Not every row indicator contains every component.
The information is spread over several rows, and the pattern
repeats itself every three rows. This pattern, the spreading and
repeating below, makes the symbol as robust as possible.
Row 0: Left R.I. (Row #, # of
Rows) Right R.I. (Row #, # of Columns)
Row 1: Left R.I. (Row #, Security
Level) Right R.I. (Row #, # of Rows)
Row 2: Left R.I. (Row #, # of
Columns) Right R.I. (Row #, Security Level)

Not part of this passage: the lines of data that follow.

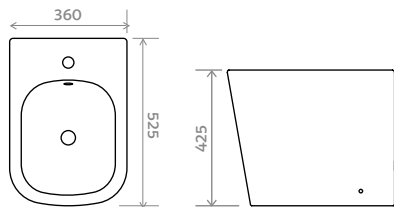

Rimless Wall Hung Pan

FEATURES:

- Rimless
- Highest grade ceramic
- Soft close seat
- Includes pan fittings

DIMENSIONS:

H 365mm **W** 365mm **D** 520mm **PH** 365mm

- ZN.1603** ZEN Rimless Wall Hung Pan
- ZN.1601.20** ZEN Slow Close Seat

Floor Standing Bidet

FEATURES:

- Highest quality ceramic
- Matches Zen range
- Incorporates the Zen range styling

DIMENSIONS:

H 425mm **W** 360mm **D** 525mm

ZN.1702 ZEN Bidet

Wall Hung Bidet

FEATURES:

- Highest quality ceramic
- Matches Zen range
- Incorporates the Zen range styling

DIMENSIONS:

H 305mm **W** 365mm **D** 500mm

ZN.1703 ZEN Hung Bidet

Slow Close Seat

FEATURES:

- Soft close mechanism
- Quick release
- High quality thermoset material
- 2 year warranty
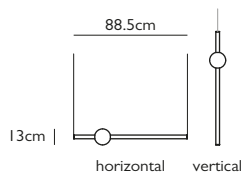

LEE BROOM

ORION

ORION GLOBE LIGHT POLISHED GOLD

Opal glass & polished gold
7.6w / 2700k / 377 lumen / CE, CB & UKCA / CRI 85
220-240vAC Input / 24vDC Output / dimmable
Supplied with separate LED driver
500cm clear cable & steel tensile wire
2 x 4cm round polished gold mini ceiling plates

Product Code	Orion Globe Light Gold	ORI0010
Price	ex.VAT £816.67	£980 inc. VAT
Lead Time	7 days	
Weight	2.41 kg

For example, row 3's (or 6’s, 9’s, 12’s, etc.)
right row indicator is calculated the same way as row 0's right
row indicator; row 3's (or 6’s, 9’s, 12’s, etc.) left row
indicator is calculated the same way as row 0's left row
indicator, etc.
To make this clear, formulas and specific examples
follow.
Left row indicators are calculated as follows:
Row 0 30 * (row number div 3) + ((number of rows -
1) div 3)
Row 1 30 * (row number div 3) + security level * 3
+ (number of rows - 1) mod 3
Row 2 30 * (row number div 3) + (number of columns
- 1)
Notes: div is the integer division operator
mod is the integer remainder after division. If the
remainder is negative, take the complement to get the correct
result. For example, the remainder of -29160 divided by 929 is -361.
The complement is 929 - 361, or 568.